• [TASK STATEMENT]
Images excluded, return every record exactly as it reads.

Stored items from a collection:

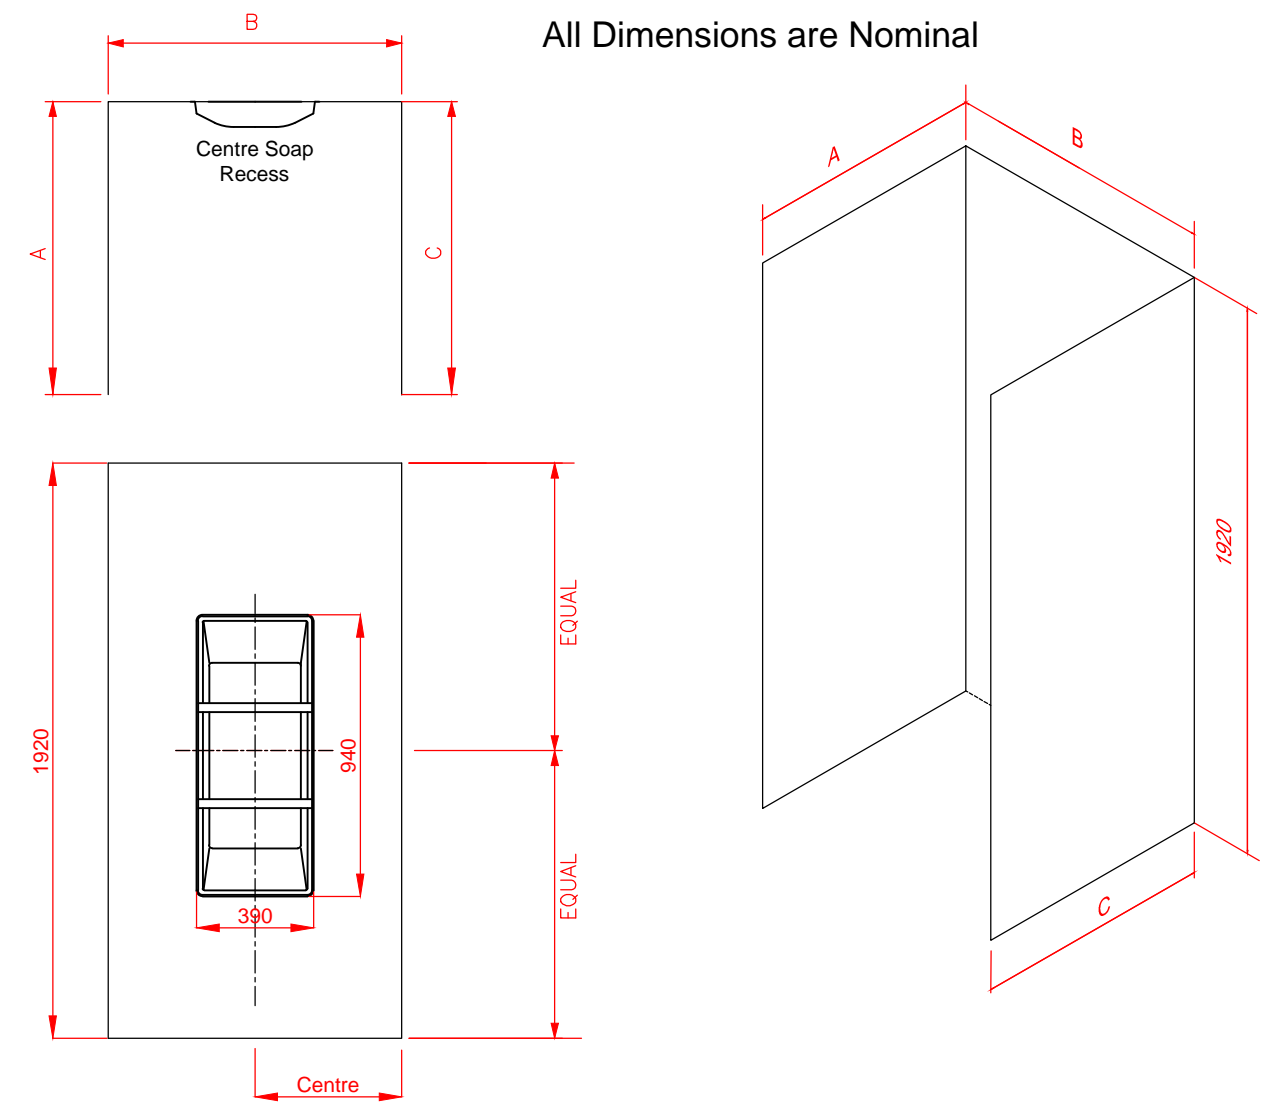

2 SIDED MOULDED WALL

2 SIDED FLAT WALL

Eclipse & Amara 2 sided Wall liners			
Size	Dimension A (mm)	Dimension B (mm)	Soap Recess on Side
900x900	884	884	Reversible
1000x1000	984	984	Reversible
1200x800	1184	884	Reversible

ALCOVE MOULDED WALL

ALCOVE FLAT WALL

Eclipse & Amara 3 sided Wall liners			
Size	Dimension A (mm)	Dimension B (mm)	Dimension C (mm)
900 Alcove	884	877	884
1000 Alcove	984	977	984

Note: Dimension B tolerance of +0.0/ -3.0mm

• [ANSWER AREA]
2 SIDED MOULDED WALL

2 SIDED FLAT WALL

Eclipse & Amara 2 sided Wall liners			
Size	Dimension A (mm)	Dimension B (mm)	Soap Recess on Side
900x900	884	884	Reversible
1000x1000	984	984	Reversible
1200x800	1184	884	Reversible

ALCOVE MOULDED WALL

ALCOVE FLAT WALL

Eclipse & Amara 3 sided Wall liners			
Size	Dimension A (mm)	Dimension B (mm)	Dimension C (mm)
900 Alcove	884	877	884
1000 Alcove	984	977	984

Note: Dimension B tolerance of +0.0/ -3.0mm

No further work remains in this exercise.